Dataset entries
◇ ◇ ◇ ◇ ◇ ◇ ◇

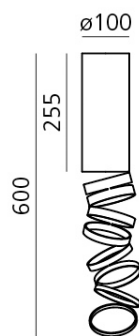

VERSIONE

EXTRA FLUO / LED

Arancio

CODICE PRODOTTO

DOI4600B03

Emissione

SCHEMA TECNICA
CARATTERISTICHE

Nome del prodotto:	Decomposé Light Soffitto - Arancio
Codice articolo:	DOI4600B03
Colore:	Arancio
Materiale:	Alluminio
Serie:	Design
Ambiente di utilizzo:	Interni

DIMENSIONI

Altezza:	cm 25.5
Diametro base:	cm 10
Altezza massima dal soffitto:	cm 60

MISURE

LAMPADINE NON FORNITE

<input type="checkbox"/>	Categoria:	FLUO
	Numero:	1
	Watt:	8W
	Attacco:	E27
	Classe:	A

COLORE
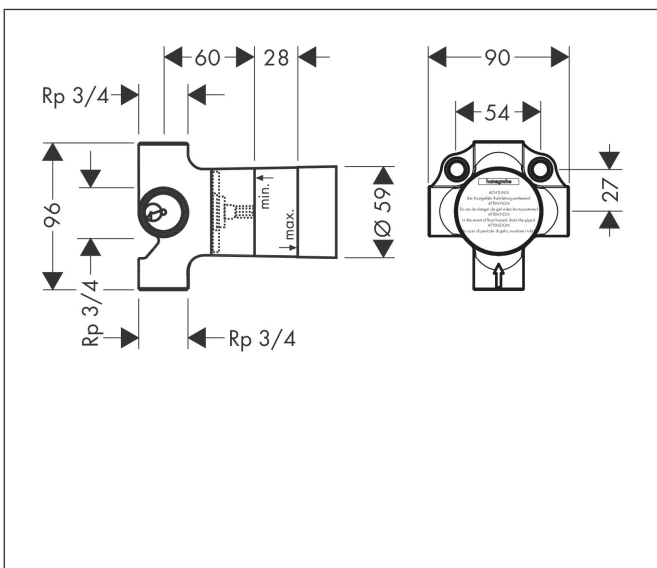

Merk	hansgrohe
Artikelnaam	inbouwdeel voor Quattro 4-weg omstelkraan
Art.nr.	15930180
Netto prijs	298,97 EUR

Product foto

Kenmerken

- altijd combineren met stopkraan
- 3 functies
- gelijktijdig gebruik van 2 functies
- geschikt voor alle Quattro afbouwdelen
- Aansluitmaat: DN20
- maximale doorstroomhoeveelheid bij 3 bar: 65 l/min

Maat tekeningen

Certificaat

Merk	hansgrohe
Artikelnaam	inbouwdeel voor Quattro 4-weg omstelkraan
Art.nr.	15930180
Netto prijs	298,97 EUR

Explosietekening voor bouwjaar: >05/01

Merk hansgrohe
 Artikelnaam inbouwdeel voor Quattro 4-weg omstelkraan
 Art.nr. 15930180
 Netto prijs 298,97 EUR

Onderdelen voor bouwjaar: >05/01

Pos	Beschrijving	Art.nr.	Prijs
1	binnenwerk compl.	96604000	147,60
2	dichtingsset	98798000	10,40
3	moer	97550000	12,70
4	dichtmanchet	96493000	7,70
5	verlengset 25 mm	96370000	65,17

◇ ◇ ◇ ◇ ◇ ◇ ◇

**TASK DIRECTIONS**
Your answer should be the lines above, word for word, from the line with "Altezza massima dal" through the line with "- maximale doorstroomhoeveelheid", minus the pictures.

**ANSWER TO THIS EXERCISE**
Altezza massima dal soffitto:	cm 60

MISURE

LAMPADINE NON FORNITE

<input type="checkbox"/>	Categoria:	FLUO
	Numero:	1
	Watt:	8W
	Attacco:	E27
	Classe:	A

COLORE

Merk	hansgrohe
Artikelnaam	inbouwdeel voor Quattro 4-weg omstelkraan
Art.nr.	15930180
Netto prijs	298,97 EUR

Product foto

Kenmerken

- altijd combineren met stopkraan
- 3 functies
- gelijktijdig gebruik van 2 functies
- geschikt voor alle Quattro afbouwdelen
- Aansluitmaat: DN20
- maximale doorstroomhoeveelheid bij 3 bar: 65 l/min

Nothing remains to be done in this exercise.